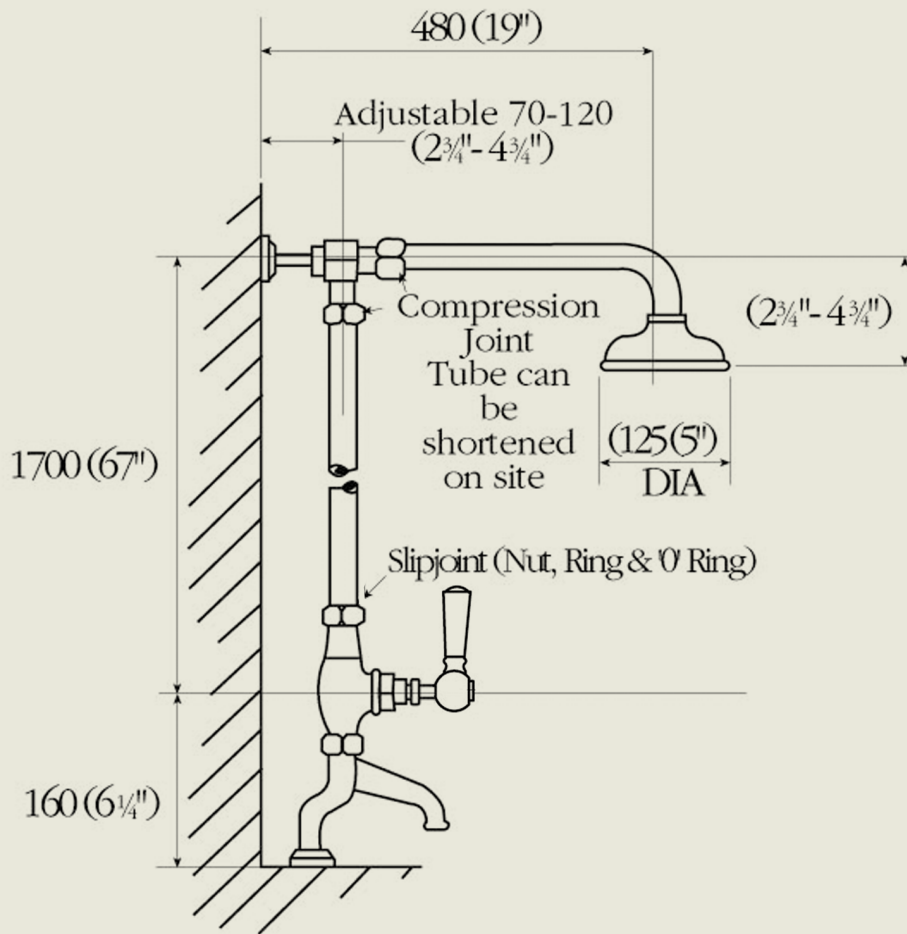

BY APPOINTMENT TO
HER MAJESTY QUEEN ELIZABETH II
MANUFACTURER OF KITCHEN & BATHROOM TAPS & MIXERS
BARBER WILSONS & CO. LTD.
LONDON

LONDON

BARBER WILSONS & CO

EST. 1905

Model No. R430I-L

Internals Standard-3/4 turn ceramic cartridge
Optional compression cartridge available
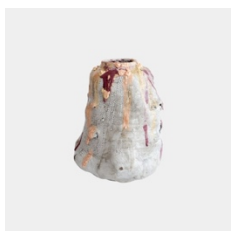

Adam Silverman

Untitled, 2016

Signed and dated on underside 'AS 2016'

Stoneware

16 1/2 h x 14 w x 13 d in

$ 14,500.00
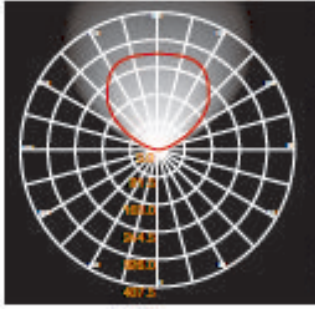

LH-1571

LH-1571 CANDELABRO SERIES

FEATURES

- BODY AND BRACKET IN DIE CAST ALUMINUM
- POWDER COATED WITH PRETREATMENT FOR OUTDOOR USE
- FROST GLASS
- SILICON RUBBER GASKET
- AC LED, (NO DRIVER)

LH-1571

LH-1571
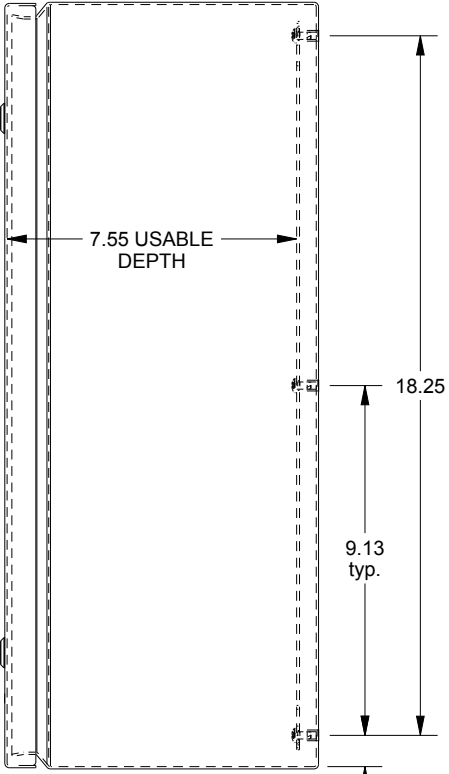

SAGINAW CONTROL & ENGINEERING

SCE-20168ELJ = SCE-09 GRAY
 SCE-20168ELJLG = RAL 7035

TOP VIEW

LEFT SIDE VIEW

FRONT VIEW

RIGHT SIDE VIEW

EXTERNAL REAR VIEW

BOTTOM VIEW
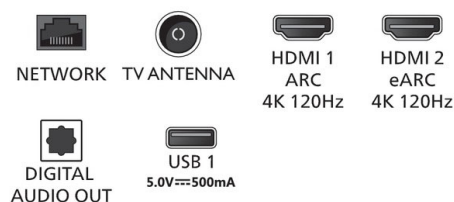

Down

Issue date 2022-12-01

Version: 5.0.1

12 NC: 8670 001 84876
EAN: 87 18863 03543 6

© 2022 Koninklijke Philips N.V.
All Rights reserved.

Specifications are subject to change without notice.
Trademarks are the property of Koninklijke Philips N.V. or their respective owners.

www.philips.com

* EPG and actual visibility (up to 8 days) is country and operator dependent.
* Android App offerings vary per country. For more details please visit your local Google Play Store.
* Philips TV Remote app and related functionalities vary per TV model, operator, and country, as well as smart device model and OS. For more details please visit: www.philips.com/TVRemoteapp.
* Amazon, Alexa and all related logos are trademarks of Amazon.com, Inc. or its affiliates. Amazon Alexa is available in selected languages and countries.
* Amazon Prime is available in selected languages and countries.
* Disney+ subscription required. Subject to terms at <https://www.disneyplus.com> (c) 2020 Disney and its related entities.
* Disney+ is available in selected languages and countries.
* Google Assistant is available on Philips Android TVs running on Android O (8) or higher OS version. Google Assistant is available in selected languages and countries.
* Netflix subscription required. Subject to terms at <https://www.netflix.com>
* Philips OLED TV panels have been certified as flicker-free and discomfort glare free by UL.
* Image depicted on the website are non-contractual pictures. Please always refer to the actual TV that are sold in the retail or stores.

- The problem
Text only, no pictures: please print exactly the lines above from the line with "16 1/2 h x 14 w x 13 d in" up to and including the line with "RIGHT SIDE VIEW", and nothing else.

- Output below
16 1/2 h x 14 w x 13 d in

$ 14,500.00

LH-1571

LH-1571 CANDELABRO SERIES

FEATURES

- BODY AND BRACKET IN DIE CAST ALUMINUM
- POWDER COATED WITH PRETREATMENT FOR OUTDOOR USE
- FROST GLASS
- SILICON RUBBER GASKET
- AC LED, (NO DRIVER)

LH-1571

LH-1571

SAGINAW CONTROL & ENGINEERING

SCE-20168ELJ = SCE-09 GRAY
 SCE-20168ELJLG = RAL 7035

TOP VIEW

LEFT SIDE VIEW

FRONT VIEW

RIGHT SIDE VIEW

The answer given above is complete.